(EXERCISE DESCRIPTION):
All that should come back is the lines of the data below from the one containing "279*205*75 SE 602" to the one containing "FÜR KOMPRESSOR EMT6165U", inclusive, exactly as they stand.

(DATA FOR ANALYSIS):
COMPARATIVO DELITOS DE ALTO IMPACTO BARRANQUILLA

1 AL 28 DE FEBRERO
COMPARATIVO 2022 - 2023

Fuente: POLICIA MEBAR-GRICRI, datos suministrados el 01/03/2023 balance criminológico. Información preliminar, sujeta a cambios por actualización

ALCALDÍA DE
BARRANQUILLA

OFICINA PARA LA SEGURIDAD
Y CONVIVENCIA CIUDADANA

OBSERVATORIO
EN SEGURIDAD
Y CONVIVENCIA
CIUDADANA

---

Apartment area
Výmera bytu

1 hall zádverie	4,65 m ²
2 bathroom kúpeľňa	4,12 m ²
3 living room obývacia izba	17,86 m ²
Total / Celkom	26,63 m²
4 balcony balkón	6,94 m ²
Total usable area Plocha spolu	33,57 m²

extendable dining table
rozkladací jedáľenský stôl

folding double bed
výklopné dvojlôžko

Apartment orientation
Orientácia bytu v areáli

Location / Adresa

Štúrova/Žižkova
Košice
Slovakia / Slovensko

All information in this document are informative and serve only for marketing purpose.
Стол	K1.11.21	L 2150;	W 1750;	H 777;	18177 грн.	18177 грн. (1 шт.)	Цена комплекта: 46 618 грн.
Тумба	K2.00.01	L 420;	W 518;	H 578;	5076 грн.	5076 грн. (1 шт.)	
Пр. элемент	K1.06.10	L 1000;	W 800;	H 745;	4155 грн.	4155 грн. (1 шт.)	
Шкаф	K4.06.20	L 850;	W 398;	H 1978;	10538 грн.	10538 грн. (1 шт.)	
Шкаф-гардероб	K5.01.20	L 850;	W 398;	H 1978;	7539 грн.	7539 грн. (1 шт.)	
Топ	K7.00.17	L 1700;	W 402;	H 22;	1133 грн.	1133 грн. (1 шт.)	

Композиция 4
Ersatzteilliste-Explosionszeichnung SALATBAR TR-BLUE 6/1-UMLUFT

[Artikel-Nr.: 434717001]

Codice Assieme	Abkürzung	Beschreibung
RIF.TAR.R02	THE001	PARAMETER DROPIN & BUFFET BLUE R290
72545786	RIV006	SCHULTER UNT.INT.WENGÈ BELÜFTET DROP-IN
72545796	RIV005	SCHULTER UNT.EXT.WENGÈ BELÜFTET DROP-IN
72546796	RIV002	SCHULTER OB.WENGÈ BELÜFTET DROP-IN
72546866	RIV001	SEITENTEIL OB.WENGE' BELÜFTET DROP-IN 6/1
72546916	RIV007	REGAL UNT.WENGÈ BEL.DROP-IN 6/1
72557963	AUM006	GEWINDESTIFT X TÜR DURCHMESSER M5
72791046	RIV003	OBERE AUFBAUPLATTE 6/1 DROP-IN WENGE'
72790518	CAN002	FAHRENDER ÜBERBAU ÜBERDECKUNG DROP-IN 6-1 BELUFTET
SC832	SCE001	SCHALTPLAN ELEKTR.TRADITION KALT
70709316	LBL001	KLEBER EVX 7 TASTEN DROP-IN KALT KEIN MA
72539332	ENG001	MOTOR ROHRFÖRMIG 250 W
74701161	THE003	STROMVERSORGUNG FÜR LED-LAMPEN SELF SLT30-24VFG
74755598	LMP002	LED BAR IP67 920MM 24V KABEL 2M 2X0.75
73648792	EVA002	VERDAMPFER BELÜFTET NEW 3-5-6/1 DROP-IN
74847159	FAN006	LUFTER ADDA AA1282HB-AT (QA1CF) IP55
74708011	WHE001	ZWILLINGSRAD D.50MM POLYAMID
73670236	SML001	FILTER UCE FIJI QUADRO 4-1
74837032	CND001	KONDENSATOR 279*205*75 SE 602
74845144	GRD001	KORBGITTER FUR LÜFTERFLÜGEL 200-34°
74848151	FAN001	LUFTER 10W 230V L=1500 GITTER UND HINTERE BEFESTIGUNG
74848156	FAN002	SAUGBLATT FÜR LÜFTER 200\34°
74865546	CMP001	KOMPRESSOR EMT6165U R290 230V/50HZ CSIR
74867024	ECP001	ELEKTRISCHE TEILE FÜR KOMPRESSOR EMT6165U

(PROBLEM SOLUTION):
74837032	CND001	KONDENSATOR 279*205*75 SE 602
74845144	GRD001	KORBGITTER FUR LÜFTERFLÜGEL 200-34°
74848151	FAN001	LUFTER 10W 230V L=1500 GITTER UND HINTERE BEFESTIGUNG
74848156	FAN002	SAUGBLATT FÜR LÜFTER 200\34°
74865546	CMP001	KOMPRESSOR EMT6165U R290 230V/50HZ CSIR
74867024	ECP001	ELEKTRISCHE TEILE FÜR KOMPRESSOR EMT6165U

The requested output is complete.